• Prompt
In the entries below, print exactly the lines from the first through the one with "Store Floor Plan Example - Angle Layout", both included, and none of the pictures.

── Data to process

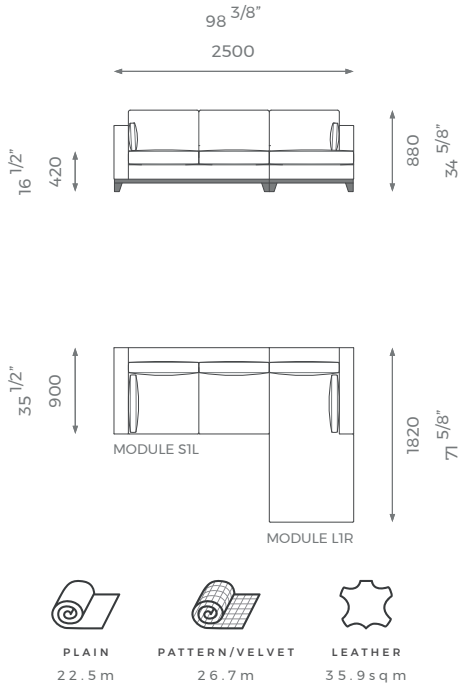

COMPOSITION 01 (RIGHT)

ST-01-CO-02-C1R
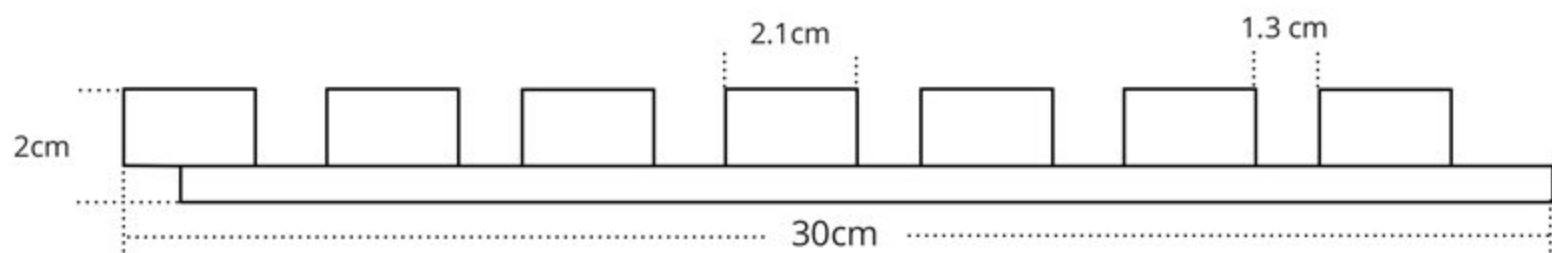

① COLETTE OAK BROWN-BLACK

① panel - length approx. 270 cm
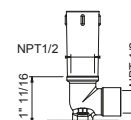

OPTIONAL: Built-in part

W046U 91 00 W046U
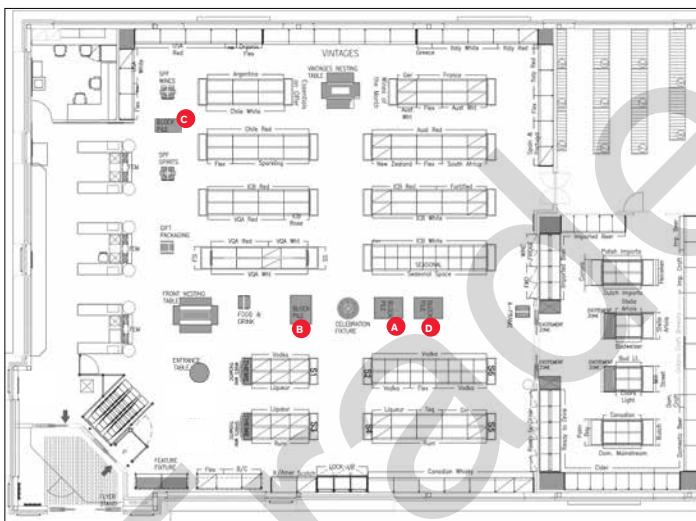

Store Floor Plan Example - Rectangle Layout

Store Floor Plan Example - Angle Layout

With the implementation of the additional Promo programs into the Promo Tree, Category Management will no longer be allocating inventory for these programs and stores will only receive inventory based on their Default Management settings.
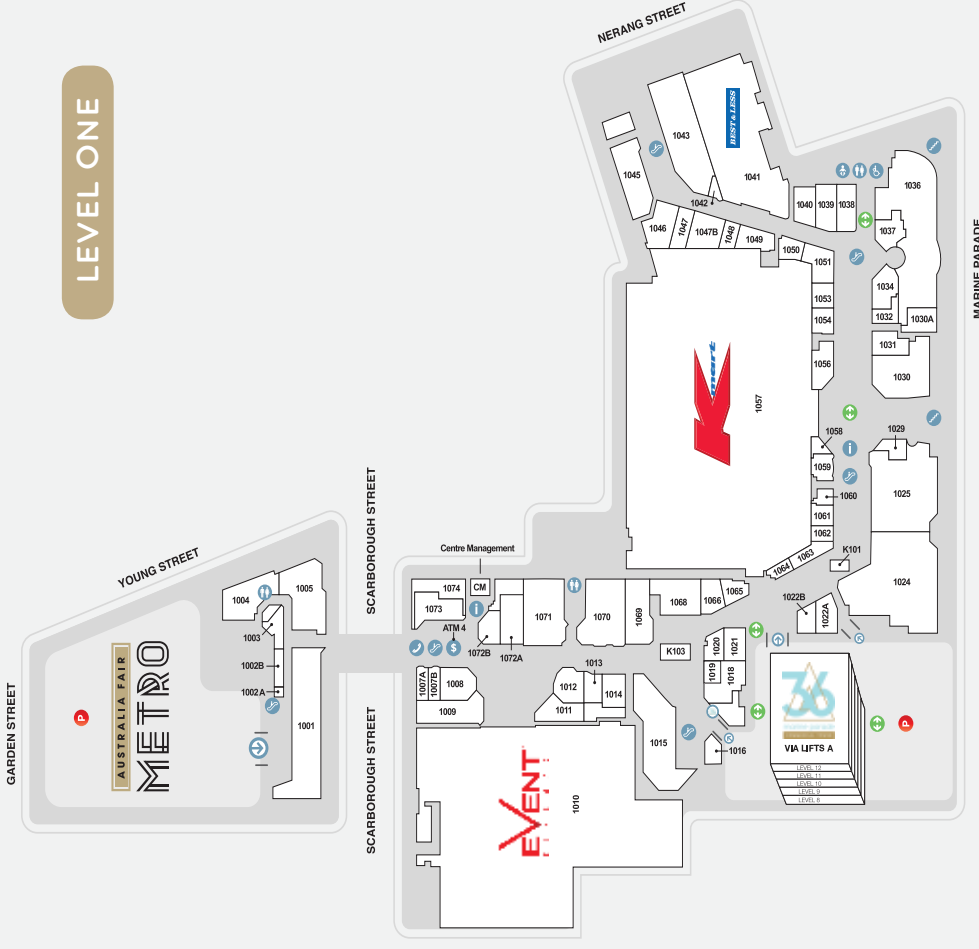

## DEMOGRAPHICS

CBD WORKERS, STUDENTS, YOUNG FAMILIES, SENIORS, ASIAN MARKET, TOURISTS

MARKET

341,000

TRADE AREA POPULATION\*

# LEVEL ONE
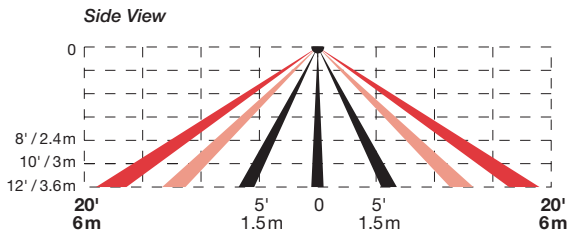

BRAVO 5™

A 360° ceiling-mount quad element PIR motion detector with optional integral glass break detector, Bravo5 is ideal for rooms requiring a uniform 360° detection pattern *or* for rooms requiring the benefit of having both motion and glass break detectors in one housing.

360° QUAD Element PIR... at 8' (2.4m) height

360° Glass Break Detector

MODELS...Motion Alone

BV-500	Form 'A' alarm contact
BV-501	Form 'A' alarm contact & tamper switch
BV-502	Form 'C' alarm contact & tamper switch

Physical :

Dimensions 4.6" Ø x 1.4" H (11.7 x 3.6cm)
 Color designer white

360° PIR DETECTOR RANGE

Mounting height	8' (2.4m)	10' (3.0m)	12' (3.6m)
Detection diameter at floor	24' (7.3m)	30' (9.2m)	40' (12.2m)

360° GLASS BREAK DETECTOR RANGE

Glass Type & Thickness	Sizes	Maximum 'D' Detection Range	
		Level 1 [†]	Level 2 [†]
Plate/Tempered 1/8" - 1/4" thick (3 - 6mm)	18" x 18" and up (46 x 46cm)	25' (7.6m)	15' (4.6m)
	12" x 12" to 18" x 18" (30 x 30 to 46 x 46cm)	15' (4.6m)	10' (3m)
Wired/Laminated 1/4" thick (6mm)	18" x 18" and up (46 x 46cm)	20' (6m)	DO NOT USE
	12" x 12" to 18" x 18" (30 x 30 to 46 x 46cm)	10' (3m)	DO NOT USE
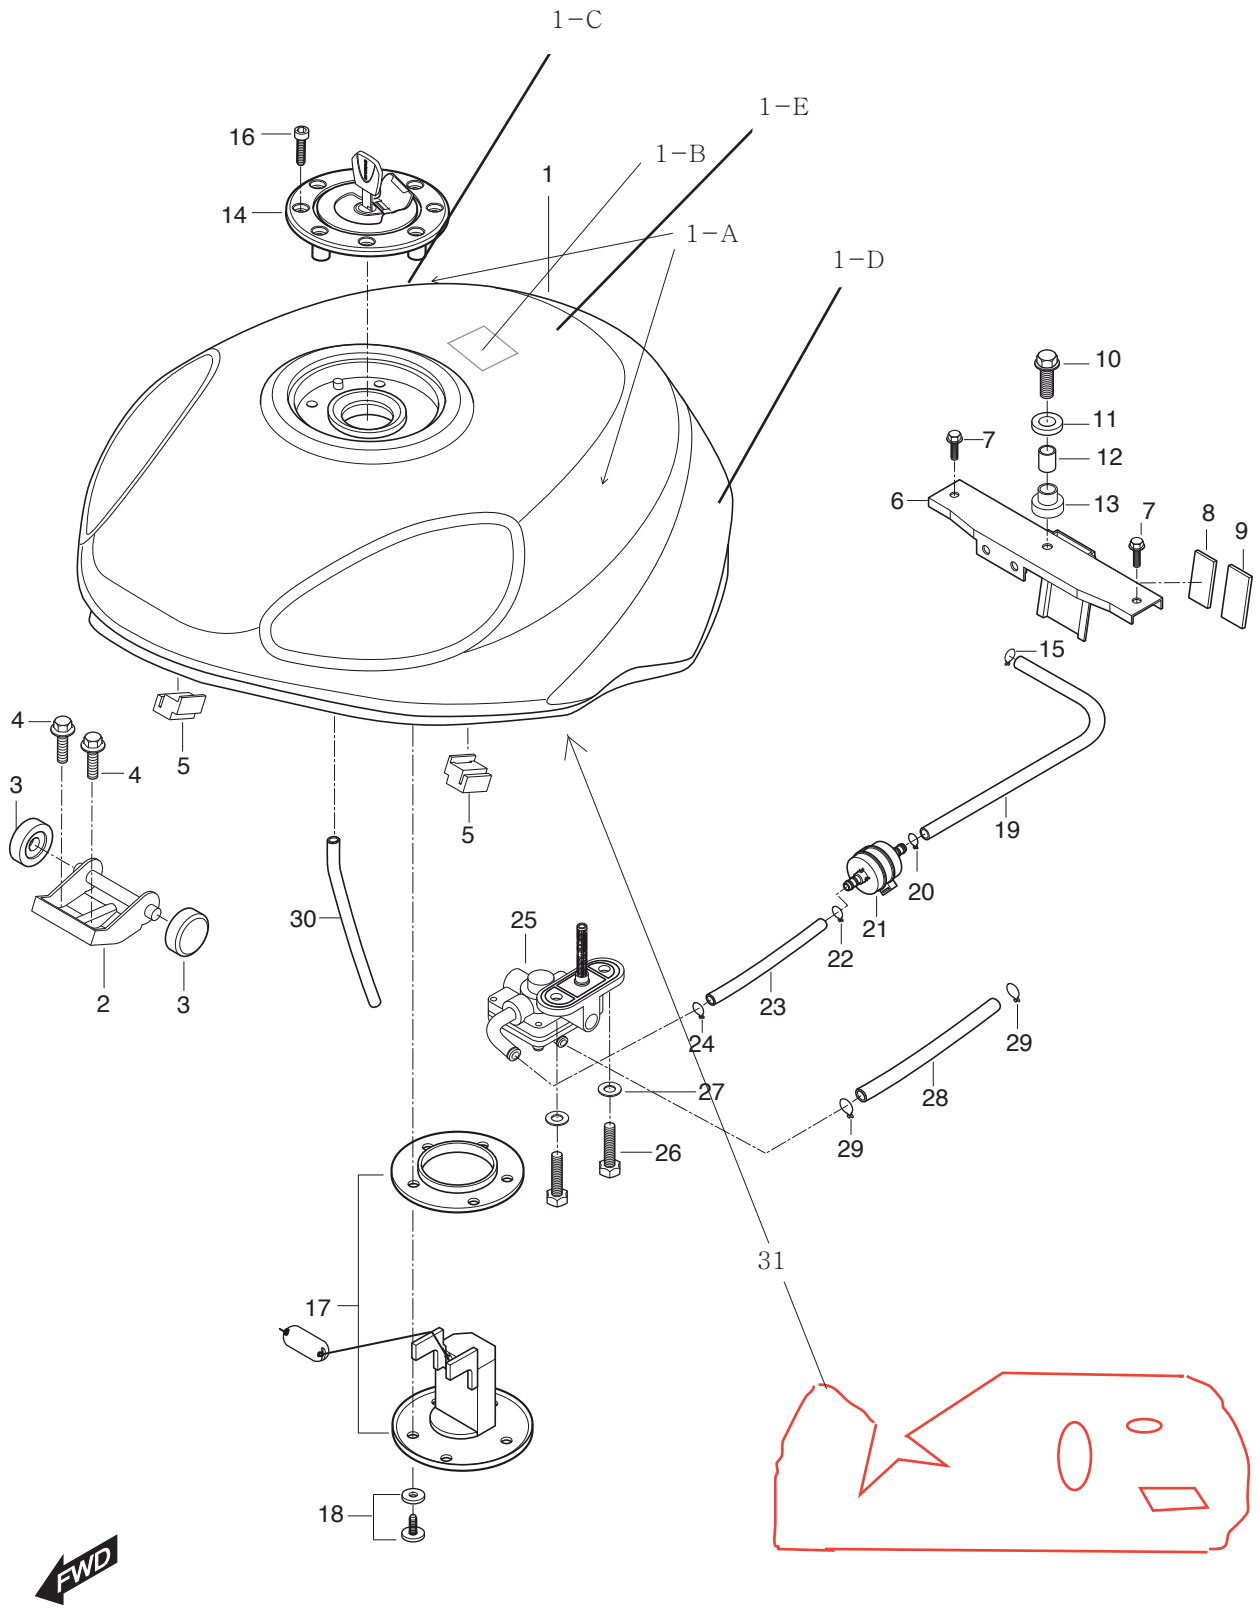

FIG 34

FIG 34. FUEL TANK
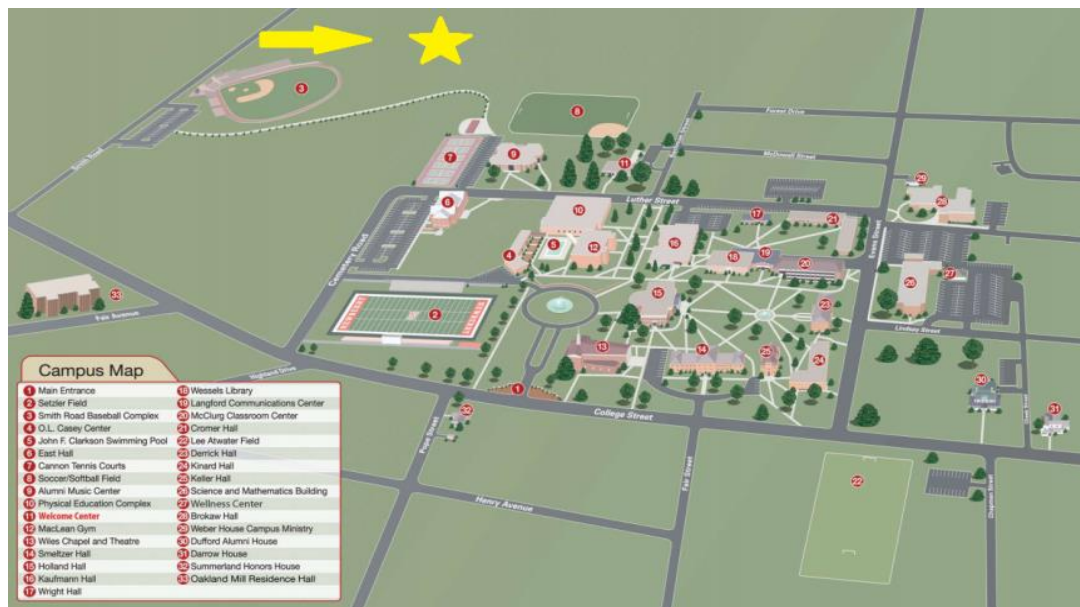

#### **Traveling West on Interstate-26 (From Columbia)**

Exit the Interstate at exit #76 (The sign says "Newberry Opera House, Newberry College") and turn left onto SC Highway 219. Go 3.2 miles, passing the high school (on the right) and Wal-Mart (on the left). Cross US-76 at the third traffic light (SC-219 turns into SC-34, Main Street ). Go 1.4 miles down Main Street, passing through three more traffic lights. Turn right (north) on College Street, passing through two traffic lights. Turn right on Evans street and then turn left on Luther street. Turn right on Bachman street. You may park in the back of the building.

#### **Traveling East on Interstate-26 (From Greenville/Spartanburg)**

Exit the Interstate at exit #76 (The sign says "Newberry Opera House, Newberry College") and turn right onto SC Highway 219. Go 3.2 miles, passing the high school (on the right) and Wal-Mart (on the left). Cross US-76 at the third traffic light (SC-219 turns into SC-34, Main Street ). Go 1.4 miles down Main Street, passing through three more traffic lights. Turn right (north) on College Street, passing through two traffic lights. Turn right on Evans street and then turn left on Luther street. Turn right on Bachman street. You may park in the back of the building.

#### **Traveling East from Greenwood, SC**

Take Highway 34 East from Greenwood . Proceed through Ninety Six, Chappels, and Silverstreet. In Silverstreet, Highway 34 will merge with Highway 121. Continue on Highway 34/121 for approximately 4.5 miles until the two highways split. Go left on Boundary Street for 2 miles. Take a left onto College Street, passing through two traffic lights. Turn right on Evans street and then turn left on Luther street. Turn right on Bachman street. You may park in the back of the building.

## Campus Map
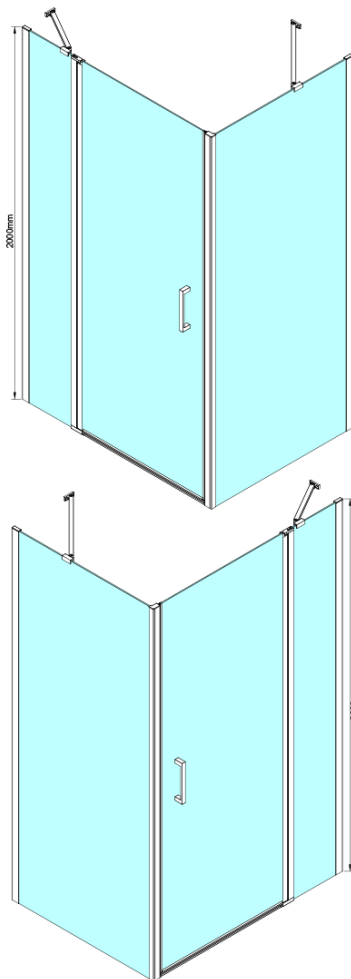

LORO Square screen 1000x1000 mm

Order code: GN4610-01

Basic information

Brand: Gelco

Series: LORO

Size

Width: 1000 mm

Height: 2000 mm

Depth: 1000 mm

Properties

Profile colour: Chrome - polished aluminum

Shape: Square shower enclosures

Type of opening: Single pivot door

Opening direction: Versatile

Opening width: 610 mm

Glass colour: TRANSPARENT glass

Glass finish: Coated glass

Glass thickness: 6 mm

Properties: Frameless design, Opening outside and inside

Weight / Piece: 74.0 kg

Packaging: 2 Piece

Warranty: 2 years

Technical sheet

GN4690/GN4610/GN4611/GN4612 + GN3580/GN3590/GN3510/GN3512

Model	A	B	C	D
GN4690	885-915	610	168	
GN4610	985-1015	610	268	
GN4611	1085-1115	610	368	
GN4612	1185-1215	610	468	
GN3580				785-805
GN3590				885-905
GN3510				985-1005
GN3512				1185-1205
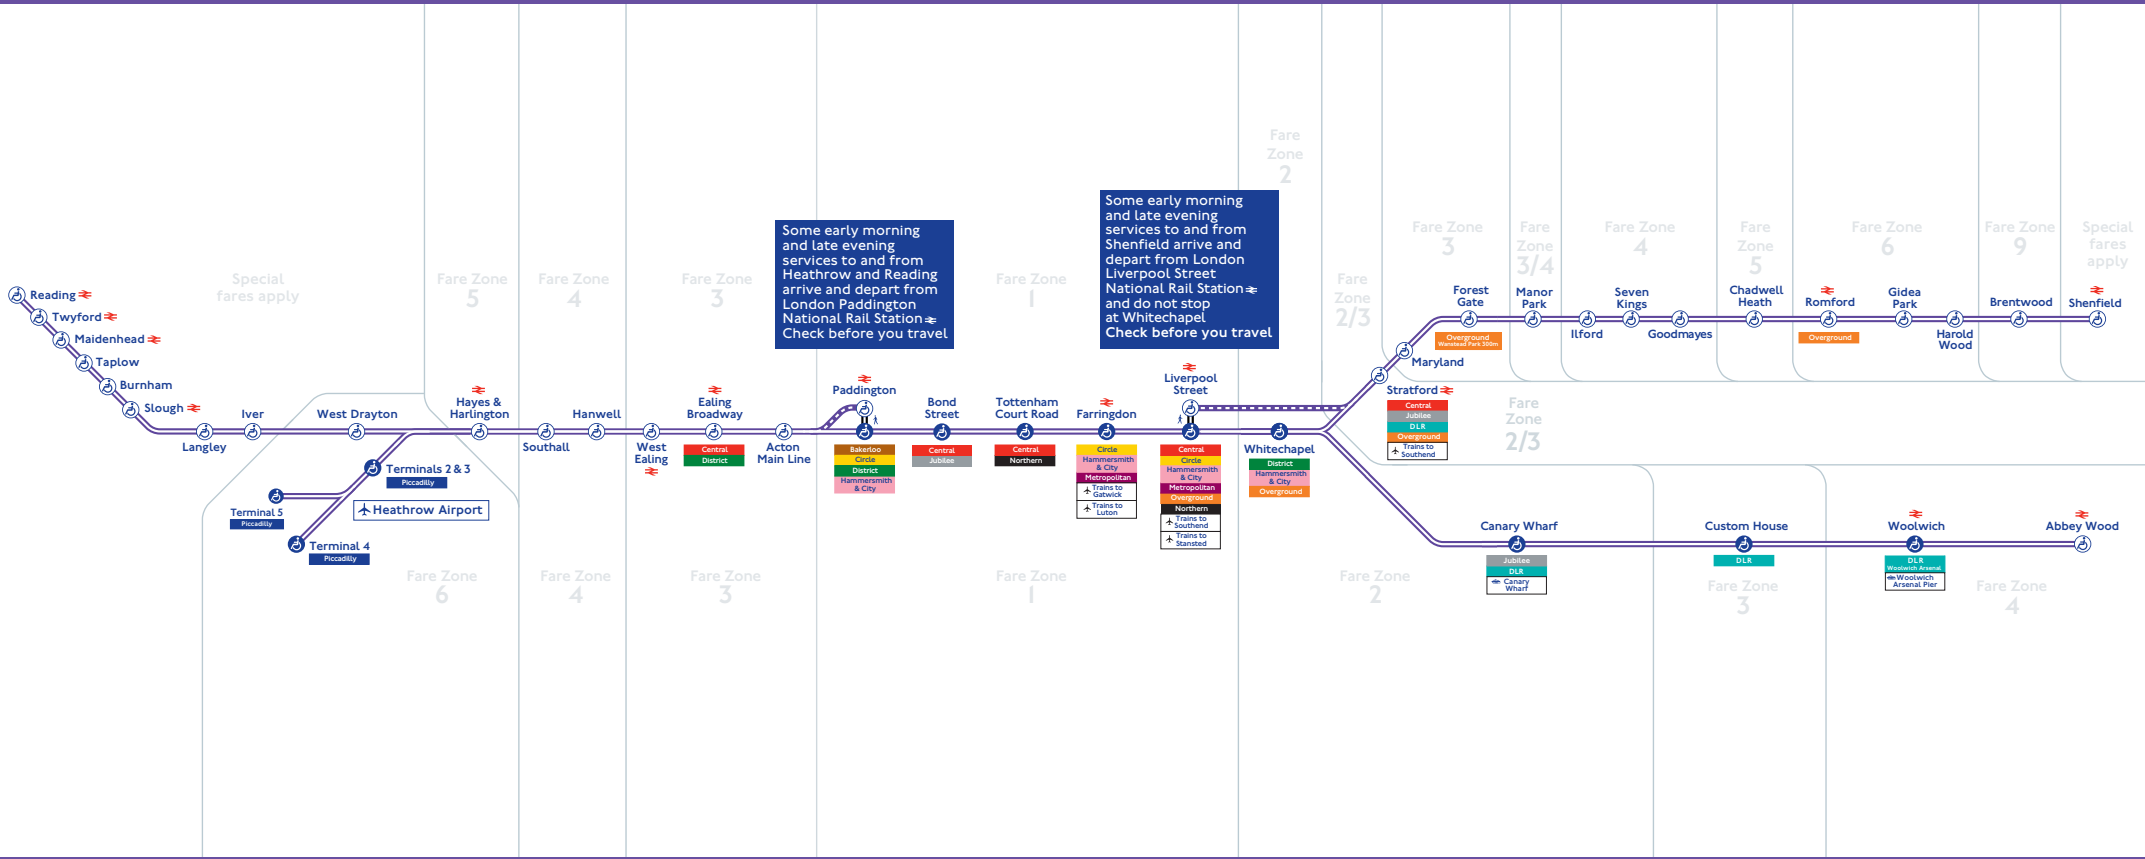

Elizabeth line

Valid from Sunday 10 December 2023 until Saturday 1 June 2024

Service delay refunds

If you've been delayed on an Elizabeth line journey, you may be able to claim for a service delay refund.

When we refund for service delays

If your journey was delayed for reasons within our control by:

- 15 minutes or more on Tube and DLR services
- 30 minutes or more on London Overground or Elizabeth line services.

Key to symbols

-  Interchange stations
-  Step-free access from street to platform
-  Step-free access from street to train
-  National Rail
-  Airport
-  River services interchange

Elizabeth line – Westbound

────

• Output of the task
COMPOSITION 01 (RIGHT)

ST-01-CO-02-C1R

① COLETTE OAK BROWN-BLACK

① panel - length approx. 270 cm

OPTIONAL: Built-in part

W046U 91 00 W046U

Store Floor Plan Example - Rectangle Layout

Store Floor Plan Example - Angle Layout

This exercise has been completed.